EXERCISE:
Please retype all of the data below, word for word.

DATASET CONTENT:

┄┄┄┄┄┄

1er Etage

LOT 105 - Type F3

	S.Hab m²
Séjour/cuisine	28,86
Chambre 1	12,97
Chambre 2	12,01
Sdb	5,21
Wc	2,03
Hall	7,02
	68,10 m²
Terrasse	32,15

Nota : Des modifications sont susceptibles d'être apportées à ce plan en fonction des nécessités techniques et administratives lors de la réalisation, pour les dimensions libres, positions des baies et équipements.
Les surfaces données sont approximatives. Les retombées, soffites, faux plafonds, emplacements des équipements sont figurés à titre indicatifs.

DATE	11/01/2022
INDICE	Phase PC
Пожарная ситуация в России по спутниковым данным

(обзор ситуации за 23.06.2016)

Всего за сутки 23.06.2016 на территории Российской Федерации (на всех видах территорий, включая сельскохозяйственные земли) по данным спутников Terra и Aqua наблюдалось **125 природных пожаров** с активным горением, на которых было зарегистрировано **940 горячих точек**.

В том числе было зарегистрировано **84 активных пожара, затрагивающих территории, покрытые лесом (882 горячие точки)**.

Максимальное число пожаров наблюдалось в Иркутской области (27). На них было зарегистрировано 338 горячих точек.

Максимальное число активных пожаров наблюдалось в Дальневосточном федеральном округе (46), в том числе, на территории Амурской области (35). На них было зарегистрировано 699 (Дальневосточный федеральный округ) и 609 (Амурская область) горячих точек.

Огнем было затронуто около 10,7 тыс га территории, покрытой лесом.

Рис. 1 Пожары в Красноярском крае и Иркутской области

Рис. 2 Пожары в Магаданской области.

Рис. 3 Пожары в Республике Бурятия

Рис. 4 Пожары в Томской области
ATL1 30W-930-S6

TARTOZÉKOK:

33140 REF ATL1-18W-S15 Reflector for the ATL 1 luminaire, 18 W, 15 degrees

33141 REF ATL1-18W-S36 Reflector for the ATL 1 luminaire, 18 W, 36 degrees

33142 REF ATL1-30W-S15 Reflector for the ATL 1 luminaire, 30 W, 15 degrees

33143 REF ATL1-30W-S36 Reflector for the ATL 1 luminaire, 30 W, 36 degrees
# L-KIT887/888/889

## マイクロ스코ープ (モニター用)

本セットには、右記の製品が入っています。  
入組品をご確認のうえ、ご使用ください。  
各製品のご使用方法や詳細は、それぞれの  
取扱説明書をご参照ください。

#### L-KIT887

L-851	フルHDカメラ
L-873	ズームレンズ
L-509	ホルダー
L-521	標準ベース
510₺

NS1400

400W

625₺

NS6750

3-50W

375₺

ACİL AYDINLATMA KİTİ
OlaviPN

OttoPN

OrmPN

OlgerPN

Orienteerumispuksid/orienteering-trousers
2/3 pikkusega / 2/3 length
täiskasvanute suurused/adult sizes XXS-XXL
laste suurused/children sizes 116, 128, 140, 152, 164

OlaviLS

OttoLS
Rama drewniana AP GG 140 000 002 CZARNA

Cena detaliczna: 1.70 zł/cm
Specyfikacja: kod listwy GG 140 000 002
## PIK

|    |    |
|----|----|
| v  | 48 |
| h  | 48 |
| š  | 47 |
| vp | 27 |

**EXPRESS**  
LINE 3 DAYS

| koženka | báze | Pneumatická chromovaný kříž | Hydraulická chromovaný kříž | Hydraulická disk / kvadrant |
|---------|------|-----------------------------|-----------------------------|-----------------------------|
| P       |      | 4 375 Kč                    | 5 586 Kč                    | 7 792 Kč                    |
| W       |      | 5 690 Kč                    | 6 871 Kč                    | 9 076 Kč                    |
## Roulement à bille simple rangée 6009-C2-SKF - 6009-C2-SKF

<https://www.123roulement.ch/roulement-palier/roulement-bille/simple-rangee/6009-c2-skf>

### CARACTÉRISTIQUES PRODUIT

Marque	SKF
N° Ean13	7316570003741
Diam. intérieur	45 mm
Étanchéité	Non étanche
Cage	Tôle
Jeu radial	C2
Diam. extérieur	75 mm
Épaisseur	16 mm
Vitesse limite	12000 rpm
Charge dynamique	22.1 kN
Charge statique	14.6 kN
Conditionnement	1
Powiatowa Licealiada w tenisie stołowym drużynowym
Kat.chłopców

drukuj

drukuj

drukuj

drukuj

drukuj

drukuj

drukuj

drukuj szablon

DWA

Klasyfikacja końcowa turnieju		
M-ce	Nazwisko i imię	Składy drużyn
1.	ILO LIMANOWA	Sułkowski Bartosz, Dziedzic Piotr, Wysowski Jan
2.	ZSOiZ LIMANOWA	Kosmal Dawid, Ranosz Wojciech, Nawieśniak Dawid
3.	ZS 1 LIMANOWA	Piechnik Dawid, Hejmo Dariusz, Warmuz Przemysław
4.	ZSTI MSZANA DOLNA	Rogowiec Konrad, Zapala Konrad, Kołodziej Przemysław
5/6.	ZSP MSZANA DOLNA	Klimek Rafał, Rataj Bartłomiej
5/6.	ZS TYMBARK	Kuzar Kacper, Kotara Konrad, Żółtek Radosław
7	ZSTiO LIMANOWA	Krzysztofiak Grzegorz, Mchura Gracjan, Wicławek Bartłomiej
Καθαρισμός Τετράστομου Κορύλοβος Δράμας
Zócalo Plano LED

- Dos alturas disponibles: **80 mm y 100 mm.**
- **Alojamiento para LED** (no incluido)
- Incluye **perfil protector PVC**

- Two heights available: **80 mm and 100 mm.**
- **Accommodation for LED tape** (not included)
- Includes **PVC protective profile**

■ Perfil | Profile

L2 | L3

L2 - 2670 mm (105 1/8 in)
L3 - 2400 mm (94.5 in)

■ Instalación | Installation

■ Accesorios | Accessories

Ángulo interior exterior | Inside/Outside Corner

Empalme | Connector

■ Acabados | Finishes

┄┄┄┄┄┄

COMPLETED EXERCISE:
1er Etage

LOT 105 - Type F3

	S.Hab m²
Séjour/cuisine	28,86
Chambre 1	12,97
Chambre 2	12,01
Sdb	5,21
Wc	2,03
Hall	7,02
	68,10 m²
Terrasse	32,15

Nota : Des modifications sont susceptibles d'être apportées à ce plan en fonction des nécessités techniques et administratives lors de la réalisation, pour les dimensions libres, positions des baies et équipements.
Les surfaces données sont approximatives. Les retombées, soffites, faux plafonds, emplacements des équipements sont figurés à titre indicatifs.

DATE	11/01/2022
INDICE	Phase PC
Пожарная ситуация в России по спутниковым данным

(обзор ситуации за 23.06.2016)

Всего за сутки 23.06.2016 на территории Российской Федерации (на всех видах территорий, включая сельскохозяйственные земли) по данным спутников Terra и Aqua наблюдалось **125 природных пожаров** с активным горением, на которых было зарегистрировано **940 горячих точек**.

В том числе было зарегистрировано **84 активных пожара, затрагивающих территории, покрытые лесом (882 горячие точки)**.

Максимальное число пожаров наблюдалось в Иркутской области (27). На них было зарегистрировано 338 горячих точек.

Максимальное число активных пожаров наблюдалось в Дальневосточном федеральном округе (46), в том числе, на территории Амурской области (35). На них было зарегистрировано 699 (Дальневосточный федеральный округ) и 609 (Амурская область) горячих точек.

Огнем было затронуто около 10,7 тыс га территории, покрытой лесом.

Рис. 1 Пожары в Красноярском крае и Иркутской области

Рис. 2 Пожары в Магаданской области.

Рис. 3 Пожары в Республике Бурятия

Рис. 4 Пожары в Томской области
ATL1 30W-930-S6

TARTOZÉKOK:

33140 REF ATL1-18W-S15 Reflector for the ATL 1 luminaire, 18 W, 15 degrees

33141 REF ATL1-18W-S36 Reflector for the ATL 1 luminaire, 18 W, 36 degrees

33142 REF ATL1-30W-S15 Reflector for the ATL 1 luminaire, 30 W, 15 degrees

33143 REF ATL1-30W-S36 Reflector for the ATL 1 luminaire, 30 W, 36 degrees
# L-KIT887/888/889

## マイクロ스코ープ (モニター用)

本セットには、右記の製品が入っています。  
入組品をご確認のうえ、ご使用ください。  
各製品のご使用方法や詳細は、それぞれの  
取扱説明書をご参照ください。

#### L-KIT887

L-851	フルHDカメラ
L-873	ズームレンズ
L-509	ホルダー
L-521	標準ベース
510₺

NS1400

400W

625₺

NS6750

3-50W

375₺

ACİL AYDINLATMA KİTİ
OlaviPN

OttoPN

OrmPN

OlgerPN

Orienteerumispuksid/orienteering-trousers
2/3 pikkusega / 2/3 length
täiskasvanute suurused/adult sizes XXS-XXL
laste suurused/children sizes 116, 128, 140, 152, 164

OlaviLS

OttoLS
Rama drewniana AP GG 140 000 002 CZARNA

Cena detaliczna: 1.70 zł/cm
Specyfikacja: kod listwy GG 140 000 002
## PIK

|    |    |
|----|----|
| v  | 48 |
| h  | 48 |
| š  | 47 |
| vp | 27 |

**EXPRESS**  
LINE 3 DAYS

| koženka | báze | Pneumatická chromovaný kříž | Hydraulická chromovaný kříž | Hydraulická disk / kvadrant |
|---------|------|-----------------------------|-----------------------------|-----------------------------|
| P       |      | 4 375 Kč                    | 5 586 Kč                    | 7 792 Kč                    |
| W       |      | 5 690 Kč                    | 6 871 Kč                    | 9 076 Kč                    |
## Roulement à bille simple rangée 6009-C2-SKF - 6009-C2-SKF

<https://www.123roulement.ch/roulement-palier/roulement-bille/simple-rangee/6009-c2-skf>

### CARACTÉRISTIQUES PRODUIT

Marque	SKF
N° Ean13	7316570003741
Diam. intérieur	45 mm
Étanchéité	Non étanche
Cage	Tôle
Jeu radial	C2
Diam. extérieur	75 mm
Épaisseur	16 mm
Vitesse limite	12000 rpm
Charge dynamique	22.1 kN
Charge statique	14.6 kN
Conditionnement	1
Powiatowa Licealiada w tenisie stołowym drużynowym
Kat.chłopców

drukuj

drukuj

drukuj

drukuj

drukuj

drukuj

drukuj

drukuj szablon

DWA

Klasyfikacja końcowa turnieju		
M-ce	Nazwisko i imię	Składy drużyn
1.	ILO LIMANOWA	Sułkowski Bartosz, Dziedzic Piotr, Wysowski Jan
2.	ZSOiZ LIMANOWA	Kosmal Dawid, Ranosz Wojciech, Nawieśniak Dawid
3.	ZS 1 LIMANOWA	Piechnik Dawid, Hejmo Dariusz, Warmuz Przemysław
4.	ZSTI MSZANA DOLNA	Rogowiec Konrad, Zapala Konrad, Kołodziej Przemysław
5/6.	ZSP MSZANA DOLNA	Klimek Rafał, Rataj Bartłomiej
5/6.	ZS TYMBARK	Kuzar Kacper, Kotara Konrad, Żółtek Radosław
7	ZSTiO LIMANOWA	Krzysztofiak Grzegorz, Mchura Gracjan, Wicławek Bartłomiej
Καθαρισμός Τετράστομου Κορύλοβος Δράμας
Zócalo Plano LED

- Dos alturas disponibles: **80 mm y 100 mm.**
- **Alojamiento para LED** (no incluido)
- Incluye **perfil protector PVC**

- Two heights available: **80 mm and 100 mm.**
- **Accommodation for LED tape** (not included)
- Includes **PVC protective profile**

■ Perfil | Profile

L2 | L3

L2 - 2670 mm (105 1/8 in)
L3 - 2400 mm (94.5 in)

■ Instalación | Installation

■ Accesorios | Accessories

Ángulo interior exterior | Inside/Outside Corner

Empalme | Connector

■ Acabados | Finishes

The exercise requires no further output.